The valentine of his dreams
My perfect gal should be nice, pretty, fun, smart, happy and any other adjective of an indeterminate nature.
She will love life and be so peppy and upbeat that some may confuse her for manic. But she is not manic. She does not have any issues -- physical, mental, emotional, economic or otherwise.
She loves to laugh, mostly at my jokes. She will bring me up when I’m feeling down and bring me down when I’m feeling up, and bring me saltine crackers with peanut butter and jelly stacked just so when my tummy hurts.
She should love herself and be happy on her own, but be available whenever I call and not be annoyed when I don’t.
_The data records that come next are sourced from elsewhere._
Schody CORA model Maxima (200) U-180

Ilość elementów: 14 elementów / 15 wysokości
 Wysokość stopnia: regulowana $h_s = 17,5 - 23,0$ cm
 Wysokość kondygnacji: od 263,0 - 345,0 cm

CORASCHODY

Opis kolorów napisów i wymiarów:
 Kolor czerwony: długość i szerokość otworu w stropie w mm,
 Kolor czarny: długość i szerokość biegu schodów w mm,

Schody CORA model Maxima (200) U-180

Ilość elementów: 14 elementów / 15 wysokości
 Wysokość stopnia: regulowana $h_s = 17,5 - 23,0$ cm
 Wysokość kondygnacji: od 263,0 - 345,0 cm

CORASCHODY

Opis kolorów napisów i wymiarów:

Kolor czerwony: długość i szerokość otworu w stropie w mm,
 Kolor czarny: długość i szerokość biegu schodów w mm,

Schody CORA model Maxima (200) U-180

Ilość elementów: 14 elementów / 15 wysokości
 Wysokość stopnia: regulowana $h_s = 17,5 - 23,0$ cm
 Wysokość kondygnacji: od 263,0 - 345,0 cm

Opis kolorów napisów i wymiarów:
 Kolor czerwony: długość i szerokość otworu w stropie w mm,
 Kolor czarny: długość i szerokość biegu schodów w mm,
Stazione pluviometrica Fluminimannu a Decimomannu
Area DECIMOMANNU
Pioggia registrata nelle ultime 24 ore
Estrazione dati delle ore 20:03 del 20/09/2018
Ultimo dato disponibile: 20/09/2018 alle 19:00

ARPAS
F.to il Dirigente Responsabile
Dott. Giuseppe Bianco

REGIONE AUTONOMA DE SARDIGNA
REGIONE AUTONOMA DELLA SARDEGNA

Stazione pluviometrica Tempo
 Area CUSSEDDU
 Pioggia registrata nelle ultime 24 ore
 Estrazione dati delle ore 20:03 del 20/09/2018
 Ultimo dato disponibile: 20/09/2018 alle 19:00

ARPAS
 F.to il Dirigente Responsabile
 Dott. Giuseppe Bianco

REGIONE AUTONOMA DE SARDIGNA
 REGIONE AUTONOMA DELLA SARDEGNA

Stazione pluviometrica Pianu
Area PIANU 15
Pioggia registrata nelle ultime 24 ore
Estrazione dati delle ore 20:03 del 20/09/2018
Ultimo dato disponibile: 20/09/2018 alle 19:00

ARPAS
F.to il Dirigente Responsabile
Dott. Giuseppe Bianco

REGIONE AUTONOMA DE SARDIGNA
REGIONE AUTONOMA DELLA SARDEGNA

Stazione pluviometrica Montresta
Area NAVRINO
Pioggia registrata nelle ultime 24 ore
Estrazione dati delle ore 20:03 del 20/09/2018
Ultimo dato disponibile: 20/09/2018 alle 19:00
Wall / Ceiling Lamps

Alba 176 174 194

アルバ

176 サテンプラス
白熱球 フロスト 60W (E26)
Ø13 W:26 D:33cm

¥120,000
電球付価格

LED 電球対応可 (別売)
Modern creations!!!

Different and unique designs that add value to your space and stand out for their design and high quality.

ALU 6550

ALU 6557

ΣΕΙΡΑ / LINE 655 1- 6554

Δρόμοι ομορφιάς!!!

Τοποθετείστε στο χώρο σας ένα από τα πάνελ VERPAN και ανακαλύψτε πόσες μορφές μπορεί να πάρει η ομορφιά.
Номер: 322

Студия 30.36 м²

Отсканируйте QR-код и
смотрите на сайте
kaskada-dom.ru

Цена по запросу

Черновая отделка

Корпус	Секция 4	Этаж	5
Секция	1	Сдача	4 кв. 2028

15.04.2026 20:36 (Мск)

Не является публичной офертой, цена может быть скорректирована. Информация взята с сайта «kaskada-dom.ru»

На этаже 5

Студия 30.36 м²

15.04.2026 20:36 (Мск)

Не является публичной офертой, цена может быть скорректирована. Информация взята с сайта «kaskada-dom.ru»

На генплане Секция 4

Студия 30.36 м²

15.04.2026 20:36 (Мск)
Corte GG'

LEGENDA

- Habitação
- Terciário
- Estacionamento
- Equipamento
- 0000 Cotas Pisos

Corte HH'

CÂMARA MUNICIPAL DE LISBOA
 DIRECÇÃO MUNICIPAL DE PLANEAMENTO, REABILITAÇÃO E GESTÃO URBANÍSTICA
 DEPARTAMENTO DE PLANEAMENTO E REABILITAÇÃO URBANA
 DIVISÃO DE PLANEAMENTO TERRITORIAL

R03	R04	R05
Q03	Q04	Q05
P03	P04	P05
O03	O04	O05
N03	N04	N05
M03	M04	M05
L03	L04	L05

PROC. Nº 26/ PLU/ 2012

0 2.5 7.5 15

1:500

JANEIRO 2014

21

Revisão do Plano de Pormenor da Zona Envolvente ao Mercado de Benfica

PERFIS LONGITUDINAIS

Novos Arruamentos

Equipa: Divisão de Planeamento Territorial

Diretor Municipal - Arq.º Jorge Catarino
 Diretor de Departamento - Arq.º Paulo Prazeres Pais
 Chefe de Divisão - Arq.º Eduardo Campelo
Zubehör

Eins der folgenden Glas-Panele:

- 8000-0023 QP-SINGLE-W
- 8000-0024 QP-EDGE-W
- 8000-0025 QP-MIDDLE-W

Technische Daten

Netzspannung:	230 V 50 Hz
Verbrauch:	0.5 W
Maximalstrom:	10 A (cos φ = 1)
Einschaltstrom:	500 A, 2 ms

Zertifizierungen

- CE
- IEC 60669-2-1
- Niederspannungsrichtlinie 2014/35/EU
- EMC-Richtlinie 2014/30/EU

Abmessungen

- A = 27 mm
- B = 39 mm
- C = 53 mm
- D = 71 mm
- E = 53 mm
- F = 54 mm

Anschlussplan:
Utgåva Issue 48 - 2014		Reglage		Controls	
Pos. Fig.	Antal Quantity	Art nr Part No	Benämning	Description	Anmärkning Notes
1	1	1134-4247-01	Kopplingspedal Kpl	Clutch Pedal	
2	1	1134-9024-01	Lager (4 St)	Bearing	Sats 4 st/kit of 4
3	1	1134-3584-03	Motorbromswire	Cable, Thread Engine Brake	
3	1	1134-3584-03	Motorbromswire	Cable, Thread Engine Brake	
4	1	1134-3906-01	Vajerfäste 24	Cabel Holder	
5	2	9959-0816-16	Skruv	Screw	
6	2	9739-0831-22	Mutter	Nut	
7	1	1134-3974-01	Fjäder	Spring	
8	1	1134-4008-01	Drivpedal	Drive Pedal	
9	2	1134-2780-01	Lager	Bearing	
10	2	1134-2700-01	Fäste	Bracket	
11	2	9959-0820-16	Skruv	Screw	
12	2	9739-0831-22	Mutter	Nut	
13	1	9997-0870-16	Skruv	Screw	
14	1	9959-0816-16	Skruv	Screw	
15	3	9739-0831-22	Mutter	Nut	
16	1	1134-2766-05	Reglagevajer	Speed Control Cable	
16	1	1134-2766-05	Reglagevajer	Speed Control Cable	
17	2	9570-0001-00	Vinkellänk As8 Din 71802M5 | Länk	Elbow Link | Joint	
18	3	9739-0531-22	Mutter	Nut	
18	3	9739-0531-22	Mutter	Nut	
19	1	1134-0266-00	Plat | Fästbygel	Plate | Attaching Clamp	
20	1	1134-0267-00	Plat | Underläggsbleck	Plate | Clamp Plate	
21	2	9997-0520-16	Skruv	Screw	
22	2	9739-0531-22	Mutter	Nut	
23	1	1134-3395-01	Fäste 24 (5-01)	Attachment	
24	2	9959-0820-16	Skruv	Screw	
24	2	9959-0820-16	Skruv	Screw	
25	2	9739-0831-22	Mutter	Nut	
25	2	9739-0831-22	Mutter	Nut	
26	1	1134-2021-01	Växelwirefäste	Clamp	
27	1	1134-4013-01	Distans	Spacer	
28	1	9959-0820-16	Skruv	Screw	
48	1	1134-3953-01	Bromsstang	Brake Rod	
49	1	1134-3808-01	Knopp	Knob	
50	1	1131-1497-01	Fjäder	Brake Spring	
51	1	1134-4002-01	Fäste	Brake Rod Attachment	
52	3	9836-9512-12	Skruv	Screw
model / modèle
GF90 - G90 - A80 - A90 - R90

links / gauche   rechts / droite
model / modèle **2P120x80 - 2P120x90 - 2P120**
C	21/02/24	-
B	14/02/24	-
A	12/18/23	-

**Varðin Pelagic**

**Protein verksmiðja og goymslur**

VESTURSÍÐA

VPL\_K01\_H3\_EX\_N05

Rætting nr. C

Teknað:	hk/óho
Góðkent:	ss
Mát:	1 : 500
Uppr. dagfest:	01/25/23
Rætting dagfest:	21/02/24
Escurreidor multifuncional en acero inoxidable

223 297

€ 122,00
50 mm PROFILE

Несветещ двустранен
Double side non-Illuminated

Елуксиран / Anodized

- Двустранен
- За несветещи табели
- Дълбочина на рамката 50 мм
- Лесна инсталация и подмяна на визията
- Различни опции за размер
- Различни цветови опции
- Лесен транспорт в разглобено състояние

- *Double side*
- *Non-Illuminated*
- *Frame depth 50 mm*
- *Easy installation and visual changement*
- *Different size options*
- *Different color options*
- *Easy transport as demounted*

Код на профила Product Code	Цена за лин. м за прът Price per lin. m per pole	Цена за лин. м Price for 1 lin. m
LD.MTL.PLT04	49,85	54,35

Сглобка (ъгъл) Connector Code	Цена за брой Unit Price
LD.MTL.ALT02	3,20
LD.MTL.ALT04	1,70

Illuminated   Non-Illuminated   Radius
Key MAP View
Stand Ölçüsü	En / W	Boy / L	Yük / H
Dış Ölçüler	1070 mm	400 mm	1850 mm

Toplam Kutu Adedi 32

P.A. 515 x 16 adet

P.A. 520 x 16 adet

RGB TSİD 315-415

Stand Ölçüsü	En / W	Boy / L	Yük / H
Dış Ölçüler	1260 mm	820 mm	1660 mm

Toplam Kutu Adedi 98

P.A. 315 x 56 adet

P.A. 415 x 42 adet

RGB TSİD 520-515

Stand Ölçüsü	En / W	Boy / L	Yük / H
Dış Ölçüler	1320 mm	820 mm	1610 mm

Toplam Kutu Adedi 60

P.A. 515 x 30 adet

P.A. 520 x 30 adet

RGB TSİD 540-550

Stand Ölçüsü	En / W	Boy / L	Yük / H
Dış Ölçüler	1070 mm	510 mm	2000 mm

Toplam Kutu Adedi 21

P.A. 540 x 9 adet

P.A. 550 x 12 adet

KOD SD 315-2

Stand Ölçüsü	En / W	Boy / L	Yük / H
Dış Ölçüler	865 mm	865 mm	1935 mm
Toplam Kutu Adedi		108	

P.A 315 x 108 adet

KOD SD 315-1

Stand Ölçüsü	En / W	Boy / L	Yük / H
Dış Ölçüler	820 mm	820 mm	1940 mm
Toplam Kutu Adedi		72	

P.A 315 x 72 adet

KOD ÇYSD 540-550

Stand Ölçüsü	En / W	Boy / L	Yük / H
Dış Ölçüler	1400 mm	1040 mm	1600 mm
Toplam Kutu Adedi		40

She should be independent and have her own interests (but only if those interests include watching football and bringing me and my friends beer and chips).
She will be naturally beautiful and not need an ounce of makeup, unless it is undetectable. She should love to go out or chill out at home, but generally prefer the cheaper option.
She should be sexy but innocent, experienced but pure, tall but short and thin but thin, and not mind men who are shorter and heavier than her with a thyroid problem that makes them prone to profuse sweating.
She should be as comfortable in a black dress as in sweat pants, although, if she’s smart, she will always be in the former.
My ideal mate should be worldly and well read, but she should not have too many thoughts about too many things unless they agree with my thoughts. She is sparkling but never outshines me. Better yet, she will not speak in public and rarely in private. Especially not in front of my mother, the most amazing woman alive.
My ideal partner should be close to her family -- “gets lots of money from them” close, not, “we have to see or speak to them a lot” close. She should be of ideal childbearing age (22 to 26), as I want to have lots of children before I turn 60 in five years.
She should like to ski, heli-ski, snowboard, boogie-board, surf, bodysurf, kite-surf, Web surf, sail, parasail, paraglide, hang-glide, bungee jump, sky dive, rock climb, mountain climb, snorkel, scuba and hold her breath underwater for 15 minutes just for my amusement.
She should have been involved in at least one serious relationship before me, although it would be preferable if the guy turned out to be a really big loser, gay or was found dead of natural causes.
She can move mountains, break the ice, kill two birds with one stone, have a bird in hand, keep her head above water, turn the other cheek, swallow her pride, make my mouth water, take my breath away and leap over tall buildings in a single bound.
She should avoid cliches like the plague.
Really, though, this is just a general guideline. In matters of love, who can predict anything? I’m really very open.